Data extracts below:

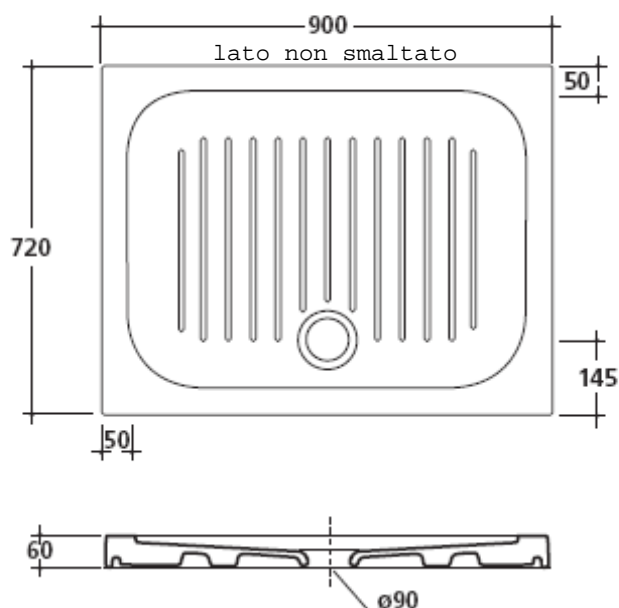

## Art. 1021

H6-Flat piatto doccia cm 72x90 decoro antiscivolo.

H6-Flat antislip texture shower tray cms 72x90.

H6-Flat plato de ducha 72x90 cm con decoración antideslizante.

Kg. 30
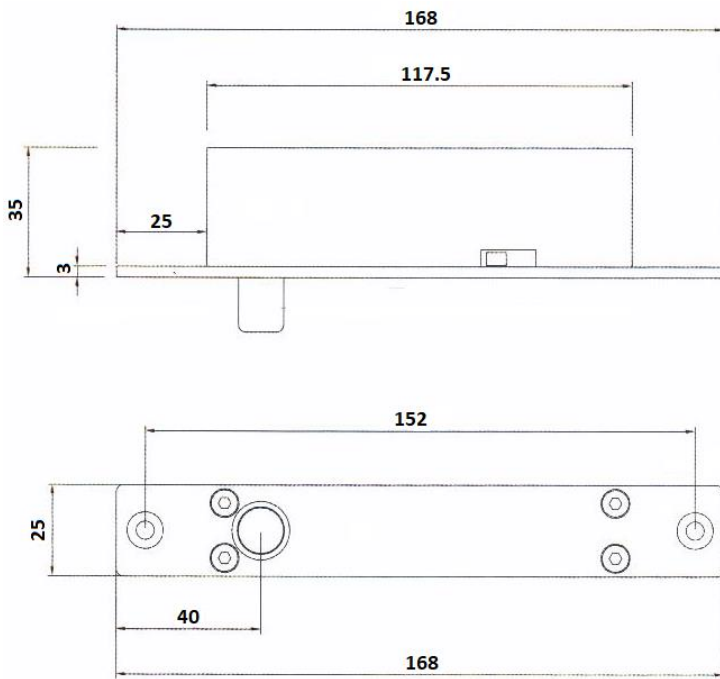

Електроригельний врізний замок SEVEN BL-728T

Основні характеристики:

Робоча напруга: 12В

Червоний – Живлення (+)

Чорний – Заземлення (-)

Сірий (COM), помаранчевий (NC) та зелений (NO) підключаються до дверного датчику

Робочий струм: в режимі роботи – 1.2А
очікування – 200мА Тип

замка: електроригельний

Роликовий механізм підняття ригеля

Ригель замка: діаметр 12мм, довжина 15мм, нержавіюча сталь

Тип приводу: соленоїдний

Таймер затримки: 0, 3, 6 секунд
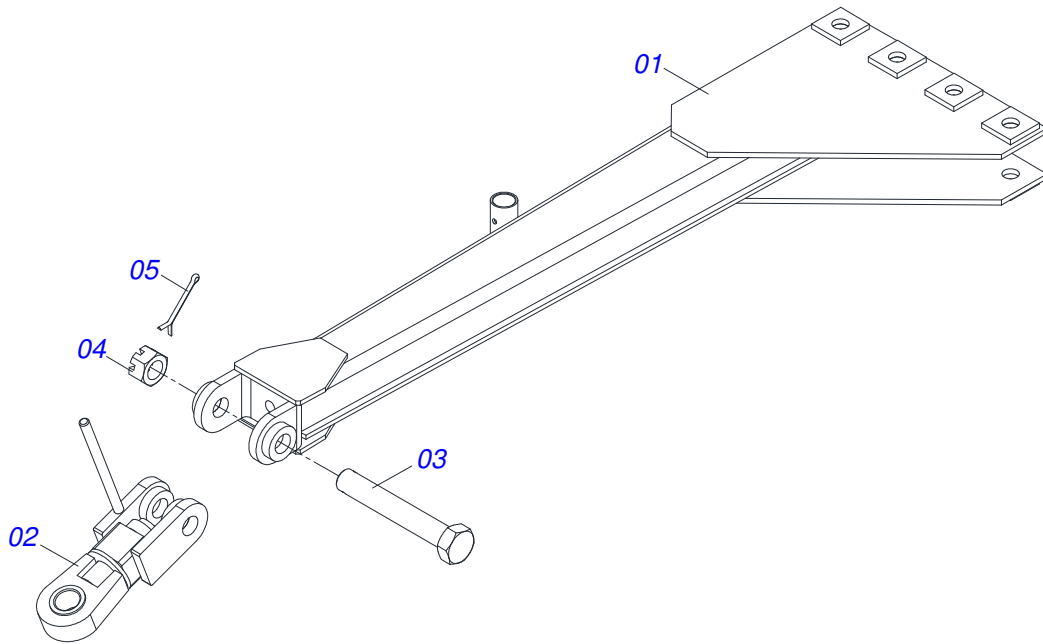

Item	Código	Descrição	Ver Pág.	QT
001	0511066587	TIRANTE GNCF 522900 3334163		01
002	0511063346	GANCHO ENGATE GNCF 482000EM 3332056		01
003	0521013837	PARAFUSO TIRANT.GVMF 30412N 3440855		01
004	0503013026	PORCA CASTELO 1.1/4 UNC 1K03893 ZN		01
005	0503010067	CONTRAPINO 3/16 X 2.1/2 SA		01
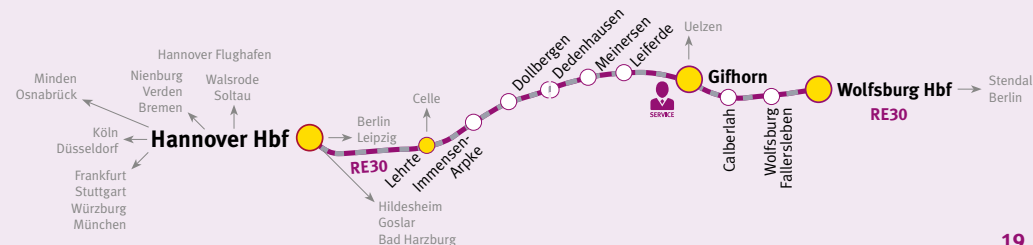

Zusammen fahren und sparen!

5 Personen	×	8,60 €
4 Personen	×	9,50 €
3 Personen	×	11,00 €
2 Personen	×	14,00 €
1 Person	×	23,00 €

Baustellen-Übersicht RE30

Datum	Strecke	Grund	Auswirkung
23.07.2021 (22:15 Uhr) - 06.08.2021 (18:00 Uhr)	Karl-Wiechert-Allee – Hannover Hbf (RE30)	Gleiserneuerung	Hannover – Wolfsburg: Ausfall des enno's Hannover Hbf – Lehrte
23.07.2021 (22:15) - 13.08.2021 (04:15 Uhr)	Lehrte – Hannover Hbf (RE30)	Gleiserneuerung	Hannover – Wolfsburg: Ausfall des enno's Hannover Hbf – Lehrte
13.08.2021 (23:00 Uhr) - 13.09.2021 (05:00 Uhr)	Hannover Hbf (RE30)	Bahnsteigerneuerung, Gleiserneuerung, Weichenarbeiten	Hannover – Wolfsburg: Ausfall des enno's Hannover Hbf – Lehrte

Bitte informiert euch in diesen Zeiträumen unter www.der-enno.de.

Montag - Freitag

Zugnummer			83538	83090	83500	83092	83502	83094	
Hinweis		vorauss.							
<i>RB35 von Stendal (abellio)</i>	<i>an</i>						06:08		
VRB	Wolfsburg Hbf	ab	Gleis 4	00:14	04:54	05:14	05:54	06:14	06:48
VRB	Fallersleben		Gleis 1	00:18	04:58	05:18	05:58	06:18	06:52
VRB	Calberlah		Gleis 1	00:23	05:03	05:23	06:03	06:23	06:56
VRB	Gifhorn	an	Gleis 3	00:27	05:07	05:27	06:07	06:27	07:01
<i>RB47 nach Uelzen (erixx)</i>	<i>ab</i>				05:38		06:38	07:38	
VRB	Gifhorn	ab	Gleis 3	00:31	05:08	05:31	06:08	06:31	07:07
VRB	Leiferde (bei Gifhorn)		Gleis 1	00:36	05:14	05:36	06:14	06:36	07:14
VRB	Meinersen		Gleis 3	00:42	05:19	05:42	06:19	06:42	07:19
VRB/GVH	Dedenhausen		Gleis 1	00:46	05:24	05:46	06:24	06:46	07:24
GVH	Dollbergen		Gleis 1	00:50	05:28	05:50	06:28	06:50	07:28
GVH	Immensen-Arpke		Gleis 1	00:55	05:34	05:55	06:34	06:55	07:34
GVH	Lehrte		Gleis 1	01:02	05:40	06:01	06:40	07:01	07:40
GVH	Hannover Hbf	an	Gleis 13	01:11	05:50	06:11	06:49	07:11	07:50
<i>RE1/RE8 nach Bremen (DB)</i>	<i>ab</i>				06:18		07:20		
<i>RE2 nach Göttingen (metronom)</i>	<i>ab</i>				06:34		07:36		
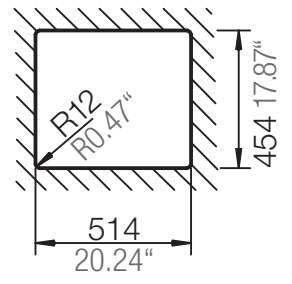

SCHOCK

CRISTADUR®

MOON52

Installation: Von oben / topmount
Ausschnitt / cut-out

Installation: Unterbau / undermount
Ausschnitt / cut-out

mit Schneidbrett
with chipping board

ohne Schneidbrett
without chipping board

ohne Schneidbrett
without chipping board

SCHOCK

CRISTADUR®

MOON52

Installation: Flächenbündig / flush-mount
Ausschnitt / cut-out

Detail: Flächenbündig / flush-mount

End of Data extracts.
Data extracts below:

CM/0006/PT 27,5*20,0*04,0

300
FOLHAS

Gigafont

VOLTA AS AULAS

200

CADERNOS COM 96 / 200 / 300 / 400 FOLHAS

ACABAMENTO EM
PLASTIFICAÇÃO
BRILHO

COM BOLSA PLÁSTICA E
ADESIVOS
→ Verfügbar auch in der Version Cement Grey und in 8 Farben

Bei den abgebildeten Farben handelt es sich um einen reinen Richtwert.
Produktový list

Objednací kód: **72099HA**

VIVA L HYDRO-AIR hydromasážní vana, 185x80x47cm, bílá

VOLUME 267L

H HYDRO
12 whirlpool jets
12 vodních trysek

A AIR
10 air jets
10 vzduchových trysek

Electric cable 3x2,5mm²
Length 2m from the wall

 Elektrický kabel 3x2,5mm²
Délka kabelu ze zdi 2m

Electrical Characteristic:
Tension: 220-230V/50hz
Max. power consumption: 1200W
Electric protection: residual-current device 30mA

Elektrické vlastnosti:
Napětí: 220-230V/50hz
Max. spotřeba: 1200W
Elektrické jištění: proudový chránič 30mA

End of Data extracts.
Data extracts below:

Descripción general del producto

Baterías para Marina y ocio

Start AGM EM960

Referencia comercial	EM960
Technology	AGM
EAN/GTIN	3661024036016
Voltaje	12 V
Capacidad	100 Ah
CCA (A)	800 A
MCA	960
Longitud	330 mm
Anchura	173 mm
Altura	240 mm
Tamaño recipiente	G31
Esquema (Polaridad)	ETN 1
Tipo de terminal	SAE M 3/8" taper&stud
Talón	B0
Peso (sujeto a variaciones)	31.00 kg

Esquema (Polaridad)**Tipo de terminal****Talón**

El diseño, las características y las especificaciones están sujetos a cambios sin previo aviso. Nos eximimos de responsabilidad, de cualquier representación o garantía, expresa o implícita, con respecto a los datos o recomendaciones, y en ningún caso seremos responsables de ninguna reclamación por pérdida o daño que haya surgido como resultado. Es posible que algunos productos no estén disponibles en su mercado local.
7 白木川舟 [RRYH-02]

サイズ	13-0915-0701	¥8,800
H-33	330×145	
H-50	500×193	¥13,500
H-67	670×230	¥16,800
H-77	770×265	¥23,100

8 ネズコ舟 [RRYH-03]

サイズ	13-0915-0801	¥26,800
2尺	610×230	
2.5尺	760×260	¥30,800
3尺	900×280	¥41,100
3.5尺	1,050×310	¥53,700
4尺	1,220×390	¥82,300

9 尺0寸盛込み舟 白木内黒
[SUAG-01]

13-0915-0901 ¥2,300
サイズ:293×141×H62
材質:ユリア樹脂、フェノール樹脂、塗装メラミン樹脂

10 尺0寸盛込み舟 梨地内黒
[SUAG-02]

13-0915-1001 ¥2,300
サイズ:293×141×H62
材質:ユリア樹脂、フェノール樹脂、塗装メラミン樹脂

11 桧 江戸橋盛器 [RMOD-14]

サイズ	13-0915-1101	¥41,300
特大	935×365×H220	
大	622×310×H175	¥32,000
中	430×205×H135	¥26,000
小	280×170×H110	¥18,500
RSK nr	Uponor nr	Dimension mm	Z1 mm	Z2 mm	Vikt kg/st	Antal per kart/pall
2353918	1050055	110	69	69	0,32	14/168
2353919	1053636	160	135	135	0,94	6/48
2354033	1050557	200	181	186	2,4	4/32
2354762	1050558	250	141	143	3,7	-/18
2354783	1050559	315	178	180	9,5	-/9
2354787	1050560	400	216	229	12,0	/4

End of Data extracts.

About this task: In the entries above, find the line with "## Art. 1021" and the line with "Робоча напруга: 12В". Return exactly those lines and all the ones between them, pictures excluded.

Output of the exercise:
## Art. 1021

H6-Flat piatto doccia cm 72x90 decoro antiscivolo.

H6-Flat antislip texture shower tray cms 72x90.

H6-Flat plato de ducha 72x90 cm con decoración antideslizante.

Kg. 30

Електроригельний врізний замок SEVEN BL-728T

Основні характеристики:

Робоча напруга: 12В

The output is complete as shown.